Read our tips below which we hope will help you to get into ‘purpose, planning and getting important stuff done’ mode!

Stop “I’ll just quickly do it’ 

Firefighting often happens because the person who was supposed to carry out the task has made a mistake and the manager or practice owner says ‘I’ll just quickly do it’ and drops everything to resolve the problem. You need to catch yourself doing this and get to the root of the cause so that you can fix it for the long-term. If you keep doing ‘I’ll just quickly do it’ you may as well add that task onto your job board forever.

Why did the mistake occur?

Did the person not know what was expected? (Do you have a process in place?)
Did the person not know they were doing it incorrectly? (Have you explained the process and checked understanding?)
Is the person not able to carry out the process? (Have you provided sufficient training?)

Take time to put processes in place, explain the processes and provide any training required. If you have done all this (properly) and things are still going wrong, then you might need to face the fact that you have the wrong person and take action QUICKLY.

Stop being the hero

If you are mostly in the reactive zone, you probably gain ‘hero status’ quite frequently! You’re the hero who put the fire out! This can be satisfying but it takes you away from the proactive zone you need to be in to develop your business and have the life you want. The exhilaration of putting the fire out is short-lived because when you get to the end of the day you realise all your important projects are still untouched.

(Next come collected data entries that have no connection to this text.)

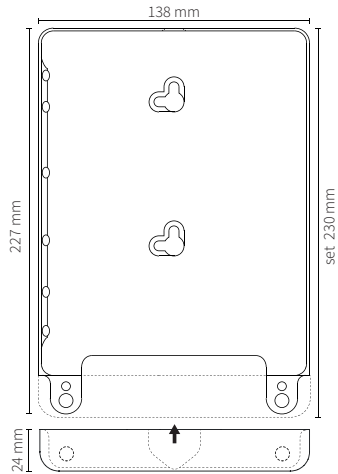

Eve mini voor iPad mini 4 - 5

Eve mini frame

625-01 - aluminium
625-03 - zwart
625-04 - satijn wit

Eve mini cover afgerond

622-01 - geborsteld aluminium
622-03 - geborsteld zwart
622-04 - satijn wit

Eve mini security cover afgerond

624-01 - geborsteld aluminium
624-03 - geborsteld zwart
624-04 - satijn wit

Afmetingen

Set: 230mm x 138mm x 11mm

Frame: 227mm x 138mm x 11mm

Cover: 24mm x 138mm x 11mm

610-02 - puck 2A USB lader

Try the following to reduce firefighting:

New technology. How much time are your slow computer systems costing you to resolve glitches, reboot etc?  Does your practice management software system still serve your needs? (Or if you don’t have one, would that solve some of your firefighting issues?) Would having a dictaphone or tablets in every room help everyone keep up with notes? What technology do you need to introduce or replace?

Better processes. Review your processes for things that are not working. As an example you might need to put better payment systems in place; get invoices to insurers on time and in the right way; get accounts done monthly rather than firefighting at the end of the tax year; have an induction programme for new starters; regular 1-2-1s and team meetings; a marketing plan in place to avoid feast and famine; better communication system for patients to reduce cancellations / drop offs… What processes do you need to change or implement?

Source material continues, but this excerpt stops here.